The request JSON has the following form:
{
// Repository name
name: string
// Last known commit ID.
// Omitted if the client doesn't have any commits.
parentID: string | undefined
}
If successful, the response JSON has the following form:
{
success: true
// Commits after parentID up to HEAD.
// They must be ordered from oldest to newest.
commits: Commit[]
}
where
type Commit = {
id: string
message: string
diffs: FileDiffs
}
type FileDiffs = {
// Map each filename to a diff for that file
[file: string]: Diff
}
// A diff is an array of "same" and "change" elements
type Diff = DiffElement[]
type DiffElement
= {type: 'same', count: number}
| {type: 'change', deletions: number, insertions: string[]}
/commit
Pushes the given commit to the given repository.
It is an error if the repository does not exist or the parent commit does not exist in that repository.
You can use whatever ID for the new commit you want, but it should not be likely to conflict with an existing ID.
(I used require('crypto').randomBytes(16).toString('hex')
.)
The commit needs to be merged/rebased off the current HEAD
if HEAD
is different from parentID
.
If there is a merge conflict, mergeFileDiffs()
will throw an error, which you should report to the client.
The request JSON has the following form:
{
// Repository name
name: string
// Parent commit.
// Omitted if this is the initial commit.
parentID: string | undefined
// Commit message
message: string
// Diffs for each changed file
diffs: FileDiffs
}
The response JSON has the same format as for /fetch
.
The commits sent back should include the newly added commit.
Diff functions
diff.js
exports some utility functions for working with diffs.
The ones you will likely find useful when implementing the server are:
-
addFileDiffs()
: this function takes an array of diffs to apply in sequence and concatenates them into a single diff. The result of each diff should be the source of the next. For example, if we have a diff fromA
toB
,B
toC
, andC
toD
, adding them gives the diff fromA
toD
. -
mergeFileDiffs()
: this function takes two diffs to apply in parallel. Both diffs should have the same source. For example, if we have a diff fromA
toB
and fromA
toC
, merging them gives a diff fromA
that combines both sets of changes. -
subtractFileDiffs()
: this function takes two diffs and returns the diff that must be added to the second to get the first. Both diffs should have the same source. For example, if we have a diff fromA
toC
and fromA
toB
, subtracting them gives the diff fromB
toC
.
Note that these functions expect diffs in the form of FileDiffs
objects, which map filenames to diffs for individual files.

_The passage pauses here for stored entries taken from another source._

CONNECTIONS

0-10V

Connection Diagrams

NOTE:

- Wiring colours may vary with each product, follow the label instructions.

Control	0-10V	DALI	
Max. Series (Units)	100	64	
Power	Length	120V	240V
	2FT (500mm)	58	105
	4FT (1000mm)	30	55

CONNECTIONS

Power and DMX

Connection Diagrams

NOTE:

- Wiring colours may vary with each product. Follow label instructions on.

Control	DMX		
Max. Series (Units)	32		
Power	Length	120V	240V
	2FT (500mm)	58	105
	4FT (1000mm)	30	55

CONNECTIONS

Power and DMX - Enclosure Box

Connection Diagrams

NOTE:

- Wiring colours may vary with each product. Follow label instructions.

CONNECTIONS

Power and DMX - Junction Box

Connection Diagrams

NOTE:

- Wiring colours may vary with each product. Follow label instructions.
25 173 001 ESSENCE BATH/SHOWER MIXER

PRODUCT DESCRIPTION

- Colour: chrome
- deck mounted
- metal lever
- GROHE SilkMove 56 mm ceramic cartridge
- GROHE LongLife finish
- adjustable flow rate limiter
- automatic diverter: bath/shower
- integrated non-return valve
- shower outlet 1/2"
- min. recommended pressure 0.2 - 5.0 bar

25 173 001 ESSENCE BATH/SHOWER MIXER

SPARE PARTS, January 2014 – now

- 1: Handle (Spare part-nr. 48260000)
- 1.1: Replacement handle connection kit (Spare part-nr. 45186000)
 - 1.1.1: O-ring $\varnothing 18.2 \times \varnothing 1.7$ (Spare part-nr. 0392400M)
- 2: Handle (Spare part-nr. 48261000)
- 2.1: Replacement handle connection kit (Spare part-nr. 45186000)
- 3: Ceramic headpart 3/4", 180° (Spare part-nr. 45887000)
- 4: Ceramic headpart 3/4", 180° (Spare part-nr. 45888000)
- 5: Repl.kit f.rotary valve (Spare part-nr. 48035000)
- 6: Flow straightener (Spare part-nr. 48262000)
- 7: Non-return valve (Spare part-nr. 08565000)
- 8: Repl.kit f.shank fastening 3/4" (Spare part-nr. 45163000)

You don't need to understand the code behind these functions, but I think the diffing algorithm is really cool, so please ask me if you want to know more!
Going further
If you are interested and want to add more to the VC project, try adding support for "branches". Branches allow for there to be multiple "heads" with different names. Ideally, it should be possible to:
- Pull the history of all branches from the server
- "Check out" a branch locally, replacing all files with their current versions on that branch
- Push a commit to the branch that is currently checked out
- Merge one branch into another (if there are no conflicts)
- Delete a branch (in the local repository and on the server)

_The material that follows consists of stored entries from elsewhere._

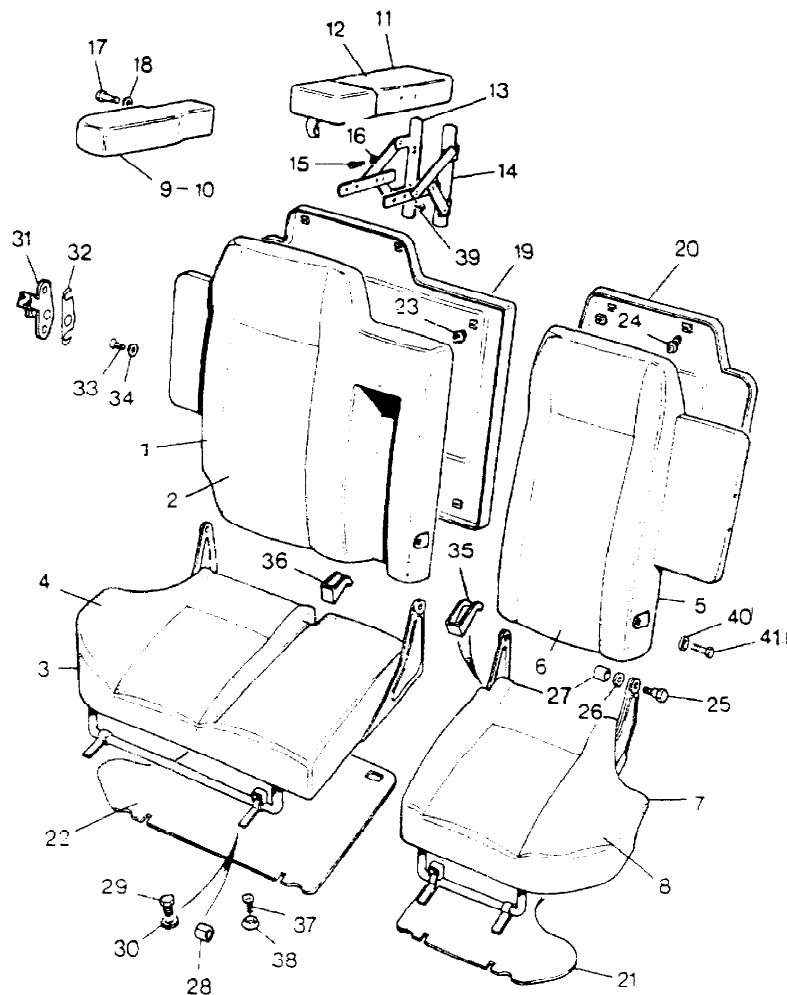

MODEL RANGE ROVER
BLOCK TS 6078B
PAGE RA 18

SEATS - REAR SEATS

ILL	PART NO	DESCRIPTION	QTY	REMARKS
1	MWC4486BC	Squab Assy 2/3 Seat	1	)Velour
	MWC4486LP	Squab Assy 2/3 Seat	1	)*
	MWC7020AUE	Squab Assy 2/3 Seat	1	)Velour
	MWC7020LUL	Squab Assy 2/3 Seat	1	)**
	MWC9698AUE	Squab Assy 2/3 Seat	1	)Velour
	MWC9698LUL	Squab Assy 2/3 Seat	1	)***
	MWC5098LR	Squab Assy 2/3 Seat	1	Leather *
	MXC1346SUA	Squab Assy 2/3 Seat	1	Leather
	MXC1346LUL	Squab Assy 2/3 Seat	1	)**
	MWC9802SUA	Squab Assy 2/3 Seat	1	)Leather -)From GA399973
MWC9802LUL	Squab Assy 2/3 Seat	1	)Upto GA414201	
MWC6985SUA	Squab Assy 2/3 Seat	1	)Leather -	
MXC6985LUL	Squab Assy 2/3 Seat	1	)From GA414202	
MWC1573	+ Wire Retention - Short	1		
MWC1568	+ Wire Retention - Long	1		
331071	+ Trim Clip	A/R		
2	MWC1686BC	+ Cover Assy 2/3 Squab	1	)Velour
	MWC1686LP	+ Cover Assy 2/3 Squab	1	)*
	MWC7026AUE	+ Cover Assy 2/3 Squab	1	)Velour
	MWC7026LUL	+ Cover Assy 2/3 Squab	1	)**
	MXC4829AUE	+ Cover Assy 2/3 Squab	1	)Velour
	MXC4829LUL	+ Cover Assy 2/3 Squab	1	)***
	MWC5280LR	+ Cover Assy 2/3 Squab	1	Leather *
	MWC5280SUA	+ Cover Assy 2/3 Squab	1	) Leather **
	MWC5280LUL	+ Cover Assy 2/3 Squab	1	)

Colour Code

AA-Flipjack, LS-Grey, LUL-Winchester Grey, SUA-Sorrell Brown,
AE-Palmino, LR-Steel Grey, AUE-Brogue, EC-Bracken, LP-Silver Grey.

*Upto VIN EA351032

**From VIN FA351033
Upto VIN GA399972

***From VIN GA399973

Parts Not Applicable to U.S.A.

643

Another issue we haven't addressed is handling concurrent accesses to repositories. For example, the asynchronous server allows two commit requests to be processed at the same time, which could corrupt a repository. A more robust server would ensure that any commit to a repository causes all other commits and fetches to that repository to wait until the commit finishes. Implement this behavior by writing an asynchronous analog of mutexes or read-write locks using callback functions.